I certainly should have listened to my own advice, as some recent purchases for GrowthInvestor, such as  Quicksilver Gas Services ,  Legacy Reserves , and  Denbury Resources , have been clobbered. I knew the deleveraging cycle would be bad, but I thought fundamentals would matter somewhat. Wow, I was absolutely wrong about that. Fundamentals don't matter in a bear market. Fear is the only thing that matters.

However, I still don't think I'm wrong about the fundamentals. If I had told you a year ago, when oil was trading at around $70 per barrel, that we would be standing on the brink of global economic collapse and oil would still be around $90 per barrel, would you think I was crazy? Yet, here we are. The fact that oil is still around $90 per barrel speaks to the magnitude of the supply constraint. Of course, the economic picture could get a lot worse. That's why I mentioned a few months ago that I wish I could run the Growth Portfolio long/short. Holding Legacy as it got cut in half (and now yielding 17%!) is painful, but shorting an investment bank or two into oblivion can help to ease the pain.

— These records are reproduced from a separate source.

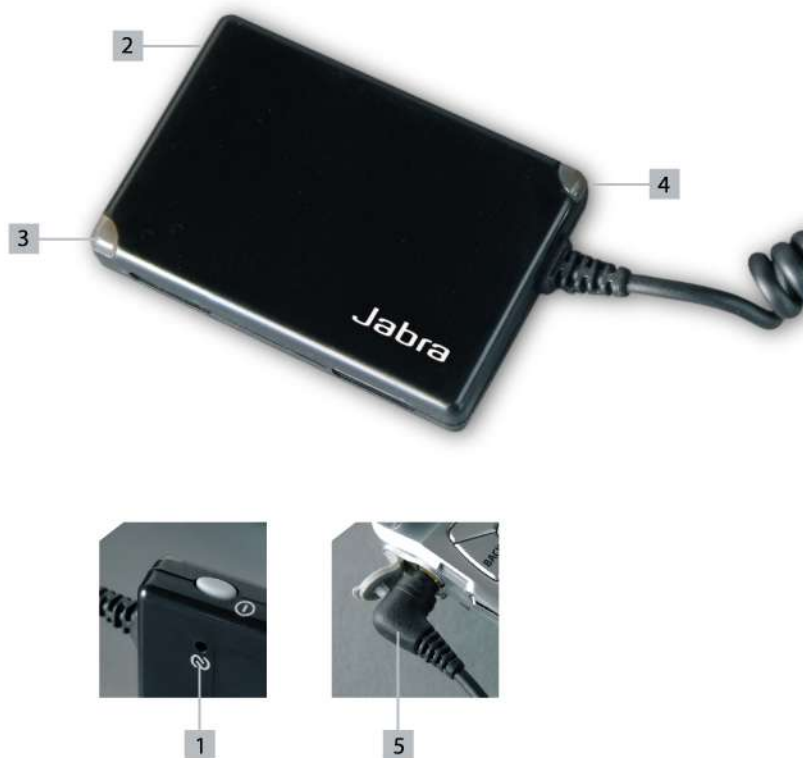

Jabra A210

Jabra A210 藍芽(Bluetooth)適配器
----享受藍芽的自由感覺

規格

- 連接簡單的藍芽耳機配對按鈕
- 具備3種開關設定，提供手機最佳連接
- 標準 2.5 mm 耳機插孔，可連接大部分非藍芽手機*
- 藍色LED開關指示燈
- 紅色LED指示燈，顯示電池正在充電和處於低電量水平
- 配備皮帶夾和尼龍魔術貼，方便固定在皮帶上或手機背面
- 重量：15克，尺寸：48 mm x 37 mm x 8 mm
- 支援語音撥號功能 (視乎手機型號)
- 有效通訊距離：10米
- 通話時間：長達8小時
- 備用時間：長達240小時
- 藍芽1.2版本(兼容前、後版本)

Jabra A210

小巧輕便

通話時間
可長達
8小時

備用時間
可長達
240小時

 Bluetooth®

www.jabra.com

使用非藍芽手機 也可享受無線通訊的便利*

千萬別錯失良機!

即使沒有藍芽功能的手機，你也可享受Jabra藍芽無線通訊的各項優點。只需插入Jabra A210藍芽適配器，你的非藍芽手機，便能連接任何Jabra藍芽耳機使用。

無拘無束、自由選擇

Jabra A210的最新藍芽技術將你從有線連接，帶到無線接駁的新紀元，你還能享用所有語音啟動功能。Jabra A210更讓你在遠達10米的距離，無拘無束、自由自在地使用手機。

*歡迎瀏覽Jabra 網站www.jabra.com 查詢手機的兼容性。
Jabra A210 符合業界標準的2.55mm耳機插孔。

1

連接簡單的藍芽
耳機配對按鈕

2

具備3種開關設定，
提供手機最佳連接

3

紅色LED指示燈，
顯示電池正在充電
和處於低電量狀態

4

藍色LED 開關指
示燈
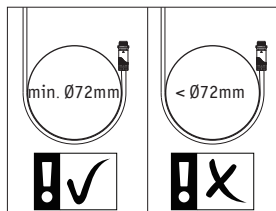

1x

941.85

1x

1x

A

B

C

max. 50m  
max. 150W
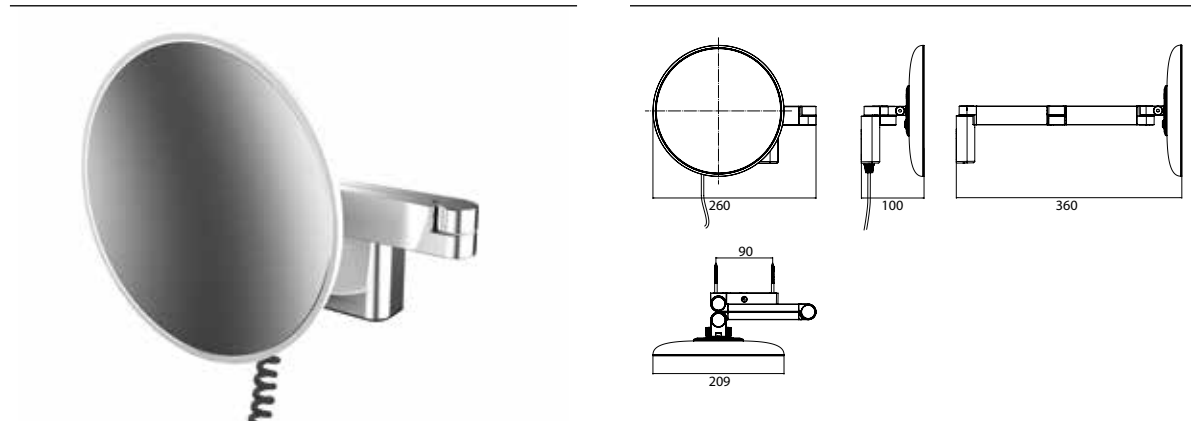

PRODUKTINFORMATION

LED Rasier- und Kosmetikspiegel, rund, Wandmodell, Doppelgelenkarm mit Spiralkabel und Stecker
chrom, Vergrößerung: 5-fach

Art.-Nr.1095 060 40

2 Lichttaster, Helligkeit und Lichtfarbe - kalt/warm (3.000 - 6.000 K) - stufenlos dimmbar.

If I were stranded on a desert island for the next 10 years, I'd want all my money in domestic sources of oil. The central banks around the world are doing everything in their power to reinflate, and this means printing money. Real assets will have value. Moreover, before the credit markets shut down, we were fighting a tough battle against the inexorable decline of existing oil production. Current oil prices won't shut down existing production because the variable costs are still far below, but new exploration should slow significantly. Also, without a functioning credit market to finance new production, the supply constraint could become much worse. This is by far the most depressing aspect of the credit crisis for me. We face real problems as a civilization with energy and our energy infrastructure. Without financing, new power plants get shelved, new oil production is slowed, and investments in alternative energy are scrapped. We may have endangered the foundation of our civilization because we wanted to flip some houses.

When to Buy Stocks?
By traditional measures, plenty of stocks look cheap. High-quality companies are trading at single-digit multiples and the master limited partnerships (MLPs) are trading at insane yields. However, I have concerns that the opportunity cost of capital is incredibly high right now. I've been buying lots of things recently, but not equities. If you want real bargains, go poke around the debt markets. When I talk to my friends in the hedge fund and private equity worlds, all I hear is that the new money being raised now is slated for the debt markets. Equities will have to compete for capital with the debt market, and given the relative values right now, I have no idea why anyone would buy equities. Either the debt market has to recover (bringing down yields) or the stock market has further declines ahead (bringing up yields).

So is this a good time to buy? It probably is, but until the credit and debt markets recover and the opportunity cost of capital declines, there may be more buying opportunities ahead for equities.